2) Saying that A is false, therefore B is also false does not make sense.

The Atheist Missionary said...

Mak, in the case of supposed Jesus there are no recorded recantations. That's only because noone wrote about it at all.

Your claim much more controversial than you let on.

The fact is that there is no known historical record of Jesus written at the time of Jesus, in spite of all of these historians being alive in the region and purported time of JC:

Apollonius
Persius
Appian
Petronius
Arrian
Phaedrus
Aulus Gellius
Philo-Judaeus
Columella
Phlegon
Damis
Pliny the Elder
Dio Chrysostom
Pliny the Younger
Dion Pruseus
Plutarch
Epictetus
Pompon Mela
Favorinus
Ptolemy
Florus Lucius
Quintilian
Hermogones
Quintius Curtius
Josephus
Seneca
Justus of Tiberius
Silius Italicus
Juvenal
Statius
Lucanus
Suetonius
Lucian
Tacitus
Lysias
Theon of Smyran
Martial
Valerius Flaccus
Paterculus
Valerius Maximus
Pausanias

Jesus was certainly the best kept secret in history. That is, until the third- and fourth-hand accounts began surfacing well after his death. Very strange---considering all of the miraculous things Jesus did. You would think that someone would have noticed him. And no-one made a peep about his crucifixion--no slander, no praise...nothing.

Thesauros said...

Does it really seem logical to you to:
. a priori discard documents from antiquity that talk about Jesus,

. point to documents that don't talk about Jesus and then

. question why there is no mention of Jesus?

The Atheist Missionary said...

Mak, please list all the contemporaneous accounts that you are aware of regarding the supposed life, death and resurrection of Jesus of Nazareth so that I can deconstruct it. I know it won't take you long to list them. Please don't provide references to accounts prepared decades after the supposed events.

Thesauros said...

Matthew, Mark, John, The Epistle of Barnabas. Each of these also had independent corroborating testimony. There may have been others, 100's of others that have simply been lost.

As well, it seems to me that you are over-playing the importance of written records in an age of oral transmission of history. That fact that we have four excellent biographies whose "paper trail" of authorship and authenticity is of highest quality speaks very strongly as historically valid and trustworthy.

Thesauros said...

Oh, about the secret Jesus? The amount of evidence that we have concerning Jesus is actually very impressive. Let me make a comparison.

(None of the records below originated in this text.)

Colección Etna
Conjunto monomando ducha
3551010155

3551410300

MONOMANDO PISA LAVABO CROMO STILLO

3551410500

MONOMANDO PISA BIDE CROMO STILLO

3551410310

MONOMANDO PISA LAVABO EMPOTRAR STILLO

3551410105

Perhaps He's not so secretive after all.

Julius Caesar, was one of Rome’s most prominent figures. Caesar is well known for his military conquests. After his Gallic Wars, he made the famous statement, “I came, I saw, I conquered.”

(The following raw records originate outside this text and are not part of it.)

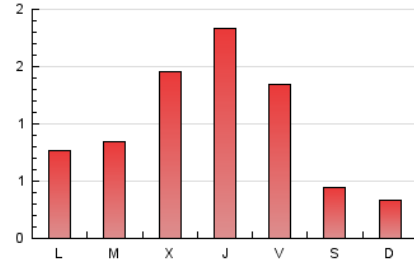

1. Cifras totales y promedios (Nacional)

MES - AÑO	NAVEGADORES UNICOS	VISITAS	PAGINAS
Octubre - 2021	923	1.536	3.021
PROMEDIO DIARIO	43	50	97
PROMEDIO LUNES-VIERNES	55	63	125
PROMEDIO SABADO-DOMINGO	18	21	39
PAGINAS / VISITAS	1,97		
DURACION MEDIA VISITAS	0:01:35		
DURACION MEDIA PAGINAS	0:01:38		

2. Secciones (Nacional)

	PAGINAS	%
HOME	761	25.19 %
RESTO	2.260	74.81 %

3. Por día del mes (Nacional)

Día	N. únicos	Visitas	Páginas	Día	N. únicos	Visitas	Páginas	Día	N. únicos	Visitas	Páginas
1	54	62	117	11	22	25	50	21	66	76	153
2	17	18	29	12	5	5	8	22	43	49	108
3	15	20	39	13	47	55	113	23	13	14	19
4	36	44	76	14	42	47	99	24	10	11	26
5	40	45	83	15	92	105	183	25	38	47	69
6	64	77	144	16	39	44	88	26	43	51	95
7	107	123	261	17	11	11	24	27	66	75	175
8	55	65	145	18	49	54	114	28	107	115	219
9	19	25	36	19	62	71	154	29	62	67	119
10	19	22	49	20	63	73	150	30	21	26	50
								31	11	14	26

4. Gráficas (Nacional)

4.1 Por día de la semana (promedio)

N. únicos / Visitas (x 100)

Páginas (x 100)

4.2 Por franja horaria (promedio)

Visitas__ (x 1000)

Páginas (x 1000)

4.3 Por meses
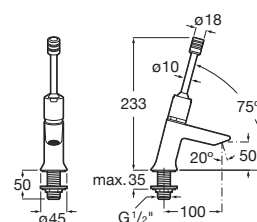

Ref. A525081207
65,30 €

Instant Care / Temporizada gerontológica

Mezclador de repisa para lavabo

Mezclador de repisa para lavabo
Cromado.
Ref. A5A3277C00
220,00 €

Grifo de repisa para lavabo. Un agua

Grifo de repisa para lavabo
Cromado.
Ref. A5A4377C00
94,40 €
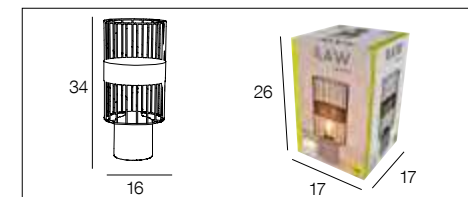

## 91430 CARA BÉTON

Lampe bi-matière en béton et céramique brillante forme carrée, deux empilements. Abat-jour cylindre en coton.

Ceramic and concrete table lamp with cylinder cotton lampshade.

béton/rose pastel  
concrete/light pink  
3 188000 663429  
**650120**

Only FIVE sources report his military conquests: writings by Caesar himself, Cicero, Livy, the Salona Decree and Appian.

If he made such a great impact on Roman society why didn’t more writers of antiquity mention his great accomplishments? Yet no one questions whether Julius made a tremendous impact on the Roman Empire.

Yet within 150 years of his death, MORE non-Christian authors alone comment on Jesus than all of the sources who mentions Julius Caesar’s great military conquests within 150 years after his death.

J Curtis said...

JD Curtis doing his impression of TAM

Yes Mak but you see, the accounts of Julius Ceasar do not affect my life in a eternal sort of way so I would be much better off putting my fingers in my ears and chanting la-la-la-la-la-la-la than considering any sort of evidence that you put forth. Because you see, if you're right, then I must reconsider my entire point of view and how I live and what I believe. Far easier to dismiss such things out of hand than attempt to check their veracity, because I am lazy and would rather wallow in my little atheistic world and lead a life unexamined.